Nice to see that one manufacturer is going for this market. I have a fairly new track drive 13HP Honda that I expect to run for long time so I hope I will not be in the market that soon for replacement


----------



## Solarguy3500 (Feb 3, 2022)

This is the only other battery powered snowblower I've found that looks comparable.






						Snow Joe iON100V-24SB 100-Volt iONPRO Cordless Dual-Stage Sn
					

SUPERCHARGE YOUR SNOW DAY. The next-generation winter-weather warrior meets the legendary line-up of iONPRO snow-clearing tools with the 100-Volt 24-Inch C




					snowjoe.com
				




That Toro unit looks like a serious machine.


----------



## Brian26 (Feb 4, 2022)

Ryobi also has one that uses their existing 40 volt batteries.

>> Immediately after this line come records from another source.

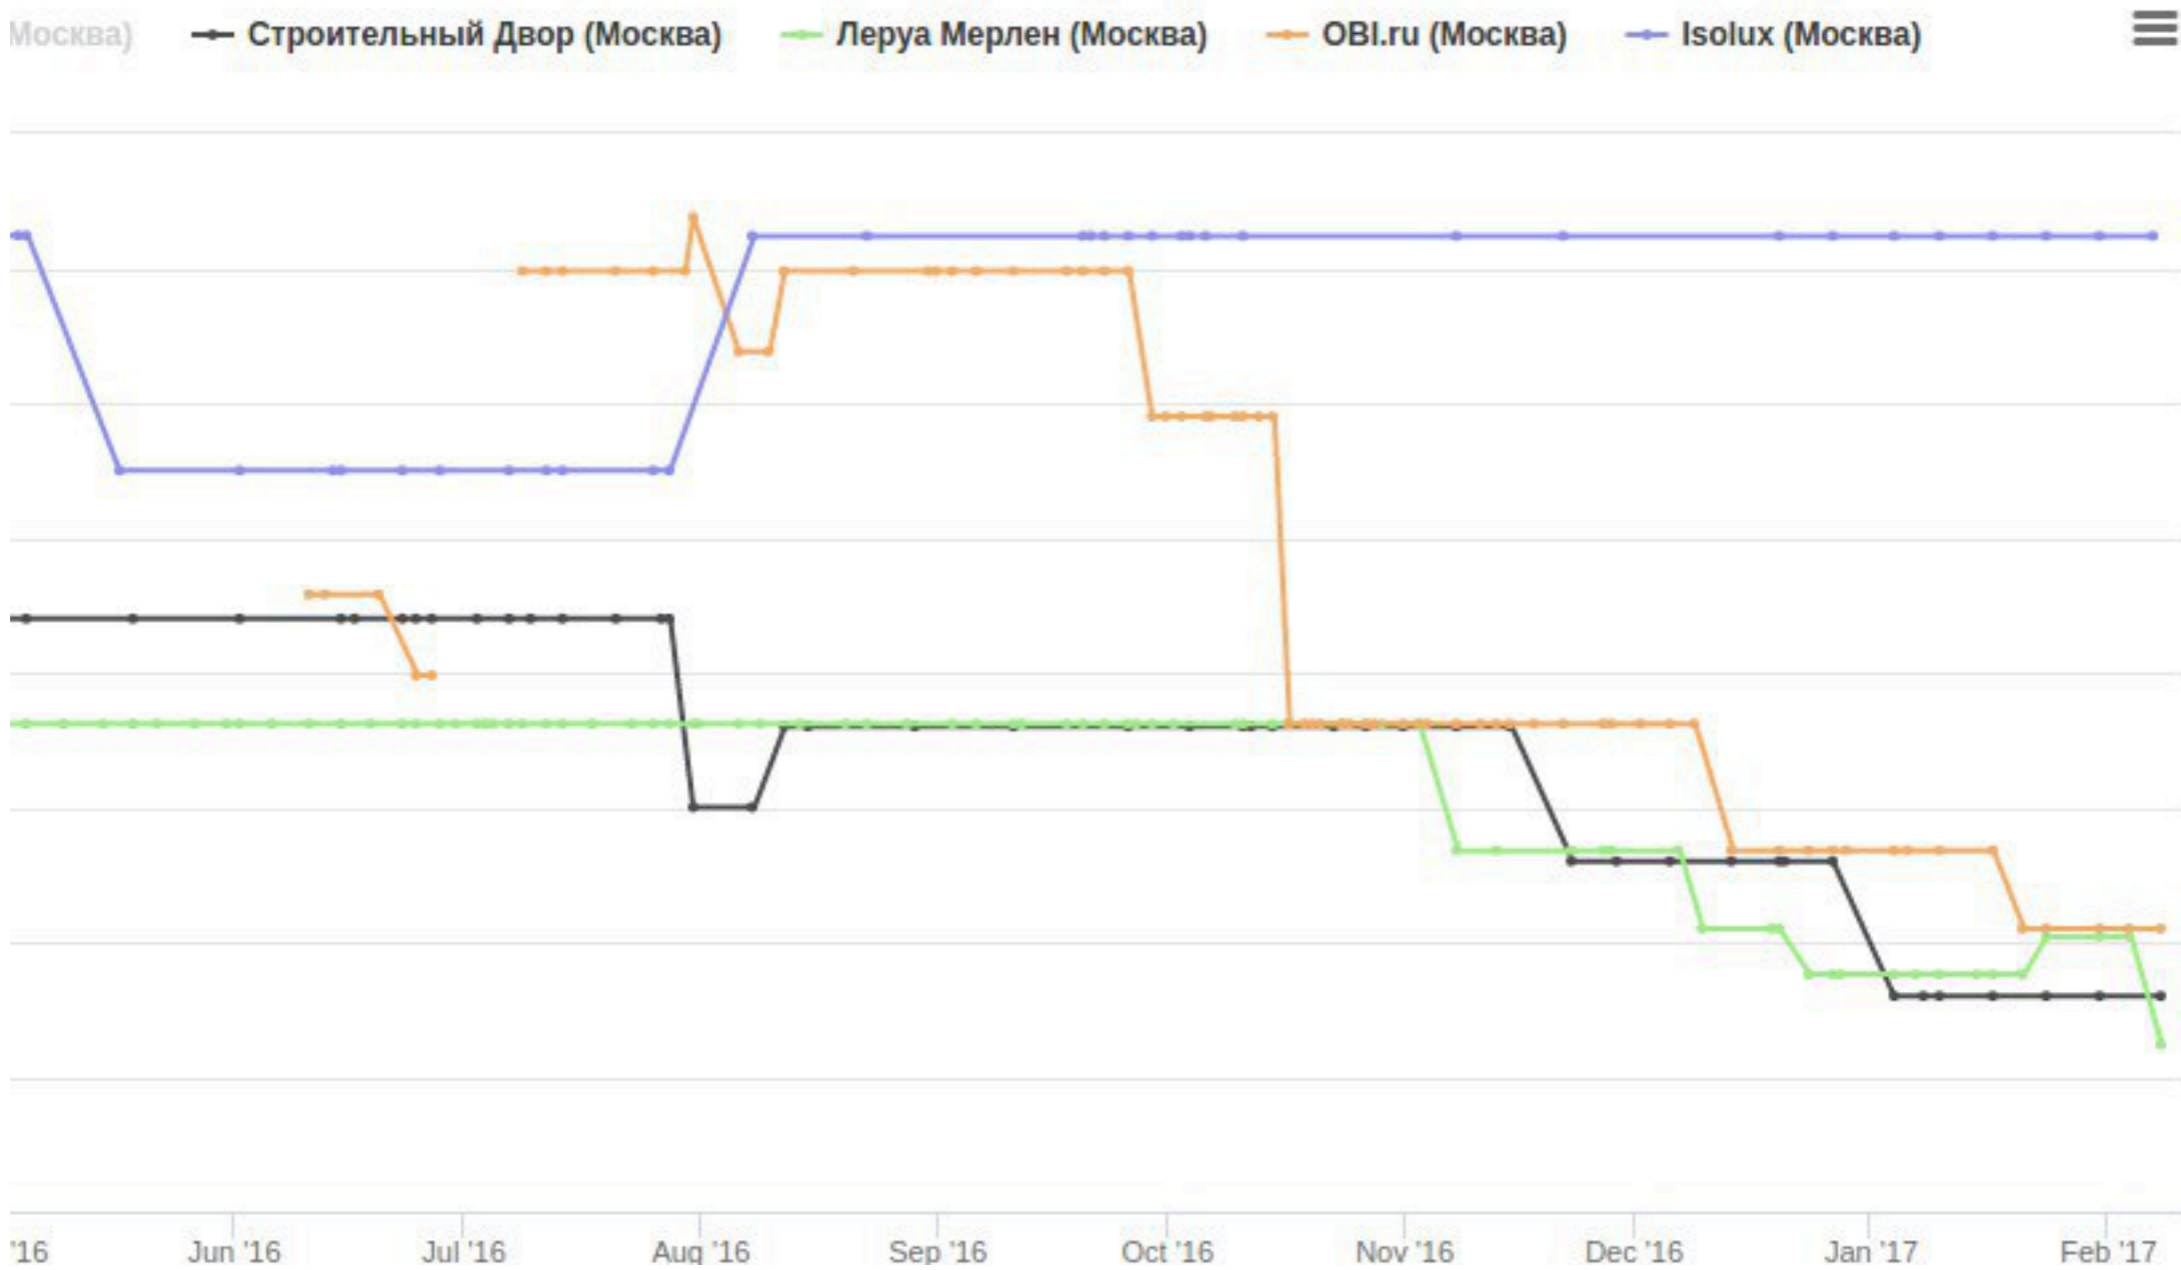

Some examples of 'productivity':

isolux.ru does not care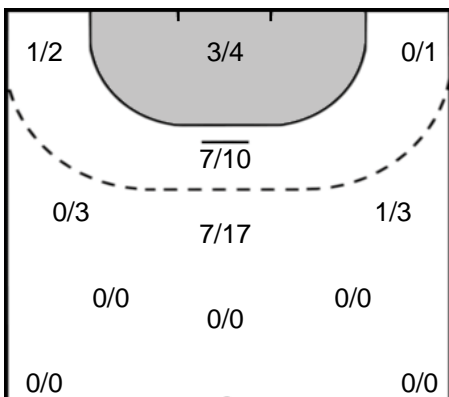

Team Statistics Attack

Odense HC (DEN)

Metz Handball (FRA)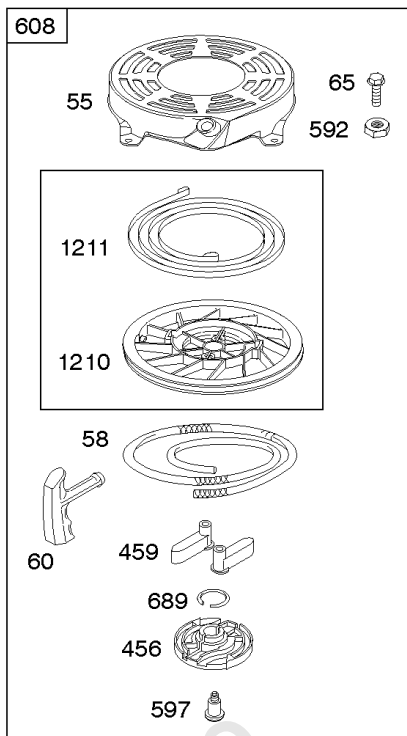

55

65
592

58

689

597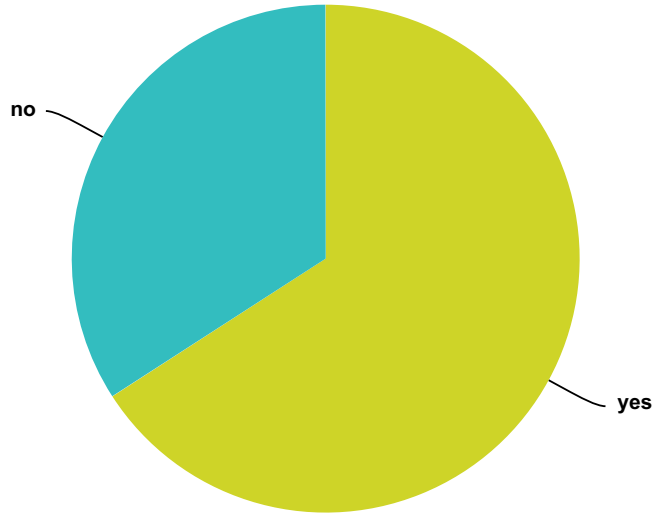

Q100 Have you ever had a "Past Life" memory? For example, memory of your consciousness in a previous life.

Answered: 1,284 Skipped: 274

Answer Choices	Responses	
yes	65.89%	846
no	34.11%	438
Total		1,284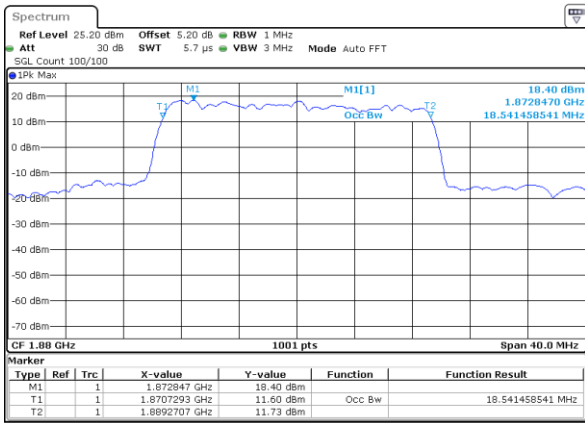

LTE Band 2

Lowest Channel / 20MHz / QPSK

Date: 17 AUG 2017 20:39:14

Lowest Channel / 20MHz / 16QAM

Date: 17 AUG 2017 20:39:24

Middle Channel / 20MHz / QPSK

Date: 17 AUG 2017 20:48:13

Middle Channel / 20MHz / 16QAM

Date: 17 AUG 2017 20:48:23

Highest Channel / 20MHz / QPSK

Date: 17 AUG 2017 20:48:42

Highest Channel / 20MHz / 16QAM

Date: 17 AUG 2017 20:48:52

LTE Band 4

Lowest Channel / 1.4MHz / QPSK

Date: 16 AUG 2017 20:00:36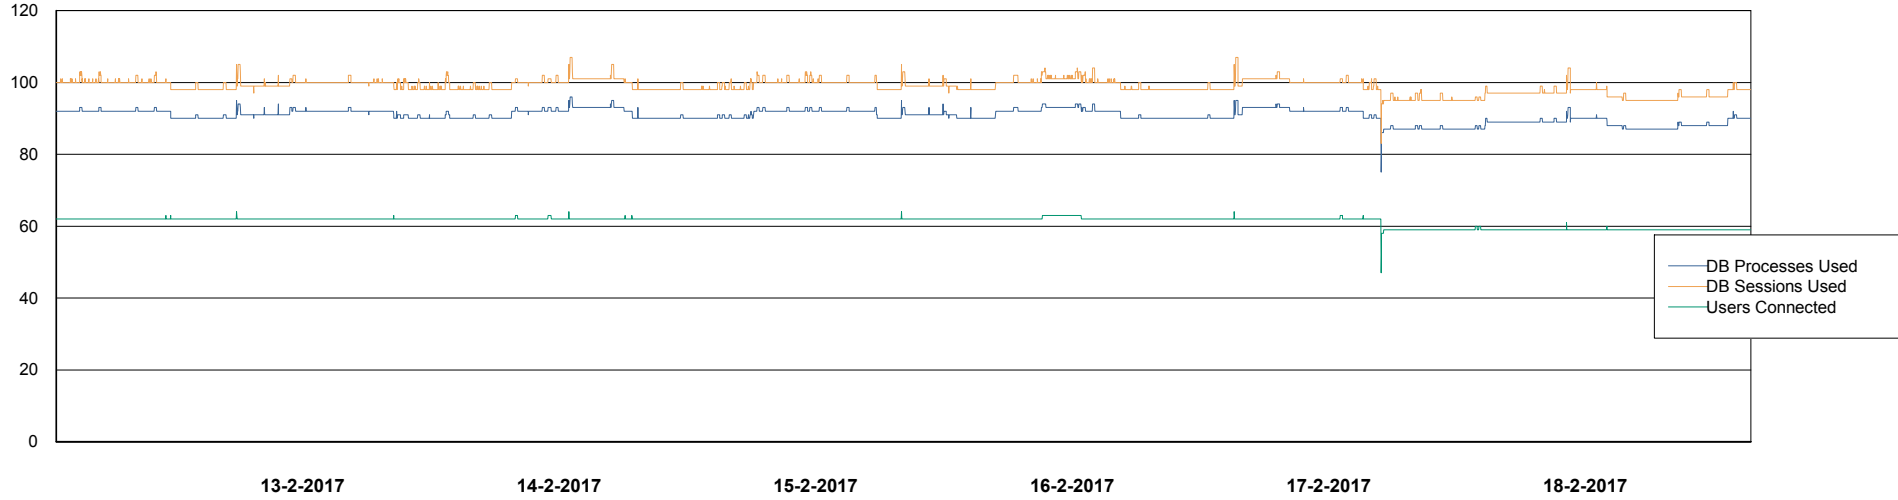

Weekly SLA Customer Report

Customer JWR Production
Database ID 43

Database Performance JWRDB_Production

DB Processes Max 150
DB Sessions Max 248

Weekly SLA Customer Report

Customer JWR Production
Database ID 43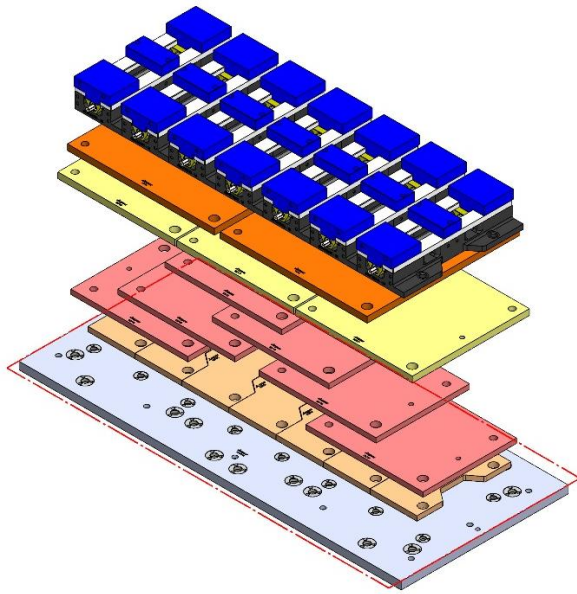

VF-6-005M (continued)

VF-6

1626 X 711 X 35 MM

VF-6-005M

69406 150MM Vise Ball-Lock® Base

VF-6-006M

1626 X 711 X 35 MM

VF-6-006M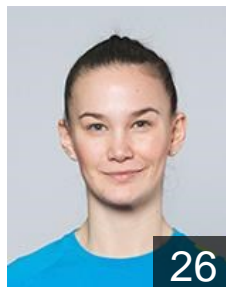

 CRO HC Lokomotiva Zagreb - Players

 CRO

Lisjak Ines

Position: Line Player
Place of birth: Zagreb
Date of birth: 15.11.1994
Height: 170 cm

19

 CRO

Milanovic Litre Iva

Position: Left Back
Place of birth: Sinj
Date of birth: 06.08.1988
Height: 184 cm

26

 CRO

Milic Marija

Position: Left Back
Place of birth: Zagreb
Date of birth: 25.09.1992
Height: 178 cm

33

 CRO

Ostarjas Petra

Position: Left Back
Place of birth: Varazdin
Date of birth: 25.02.1991
Height: 175 cm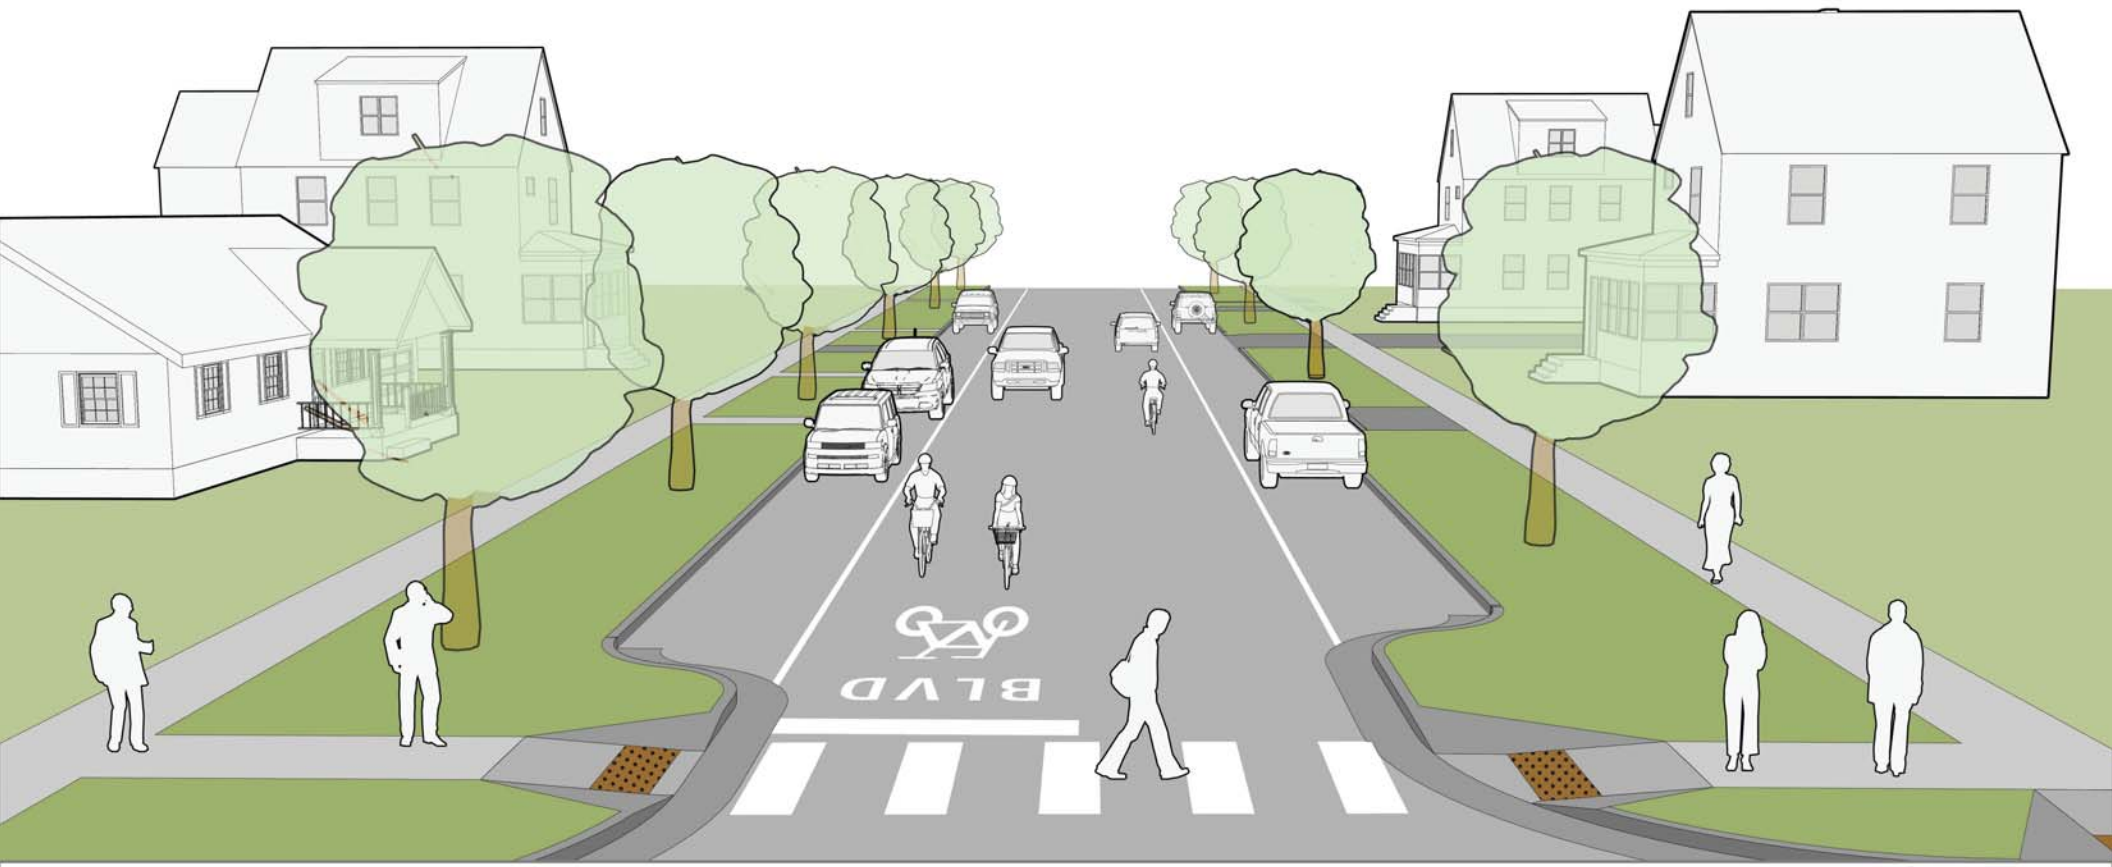

**PRELIMINARY**

THIS GRAPHIC REPRESENTS A CONCEPTUAL RENDERING. FINAL DETAILS INCLUDING DRIVEWAY RELOCATION / CONSOLIDATION, STREETSCAPING / LANDSCAPING, CROSS-ACCESS, SIDEWALKS, PARKING AND LANEAGE MODIFICATIONS WILL BE DETERMINED DURING THE PRELIMINARY DESIGN PHASE OF THE PROJECT.

**NORTHFIELD STREETSCAPE - WASHINGTON ST.**  
CITY OF NORTHFIELD, MINNESOTA  
NORTHFIELD, MN

DATE: 08/20/2024  
BY: A.T.C.  
REVISIONS:  
REV. 1: CONCEPT  
REV. 2: COMPILED  
REV. 3: 1 OF 1

© 2024 Toole Design Group, Inc. All rights reserved. Project: Northfield Streetscape - Washington St. Northfield, MN. Drawing No: NS-01-01

**WASHINGTON STREET  
PREFERRED CONCEPT**

**WASHINGTON STREET & 5th STREET  
PREFERRED CONCEPT**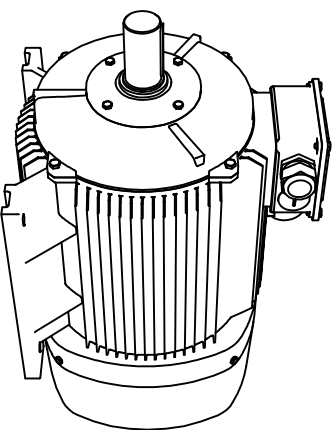

Shaft detail

01-IP55-Cast Iron-IE2-280M B3-4_6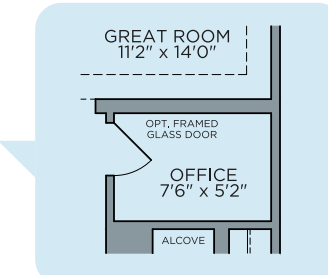

# THE ESSENCE

⊠ 2,010 sq.ft.  
🛏 4 beds

🛁 2 baths  
🚽 1 powder

Basement  
ELEVATION A

First Floor  
ELEVATION A

Optional  
First Floor  
Office In Lieu Of Walk-In Pantry - ELEVATION A, B

Second Floor  
ELEVATION A

						40V HP Brushless Whisper Series 24” Two-Stage... - RYOBI Tools
					

40V HP Brushless Whisper Series 24” Two-Stage Snow Blower Kit




					ryobitools.com


----------



## dvellone (Feb 4, 2022)

Just last night I was looking at blowers and saw that Honda has a hybrid blower that I believe is a new model. Didn't scrutinize the model because the price stopped me dead. It's a big machine with a lot of options that, for my location, use and storage space,  spells nightmare failures due to freeze ups.


----------



## EatenByLimestone (Feb 4, 2022)

Ego has one too.


----------



## peakbagger (Feb 4, 2022)

dvellone said:


> Just last night I was looking at blowers and saw that Honda has a hybrid blower that I believe is a new model. Didn't scrutinize the model because the price stopped me dead. It's a big machine with a lot of options that, for my location, use and storage space,  spells nightmare failures due to freeze ups


If you look at the specs on the hybrid Honda, it is commercial rig, the tons per hour rating is double my 1332 which is a commercial rig. I would guess the hybrid is a replacement for small tractor loader. If the hybrid is as well built as my 1332, complexity should not be an issue as they are overbuilt for homeowner use.


----------



## EatenByLimestone (Feb 6, 2022)

Popped up on my YouTube feed today


----------



## SpaceBus (Feb 6, 2022)

If I didn't already own a two stage blower I would be interested.


----------



## EatenByLimestone (Feb 7, 2022)

Same here.   My 20yo 5hp gas still has plenty of life left.  The Ego electric mower has been great!  Itll be nice this spring not having to worry if I remembered to run it dry, change oil, varnish in the carb, etc.  Will only have to worry about the blades and maybe not even that.


----------



## peakbagger (Feb 7, 2022)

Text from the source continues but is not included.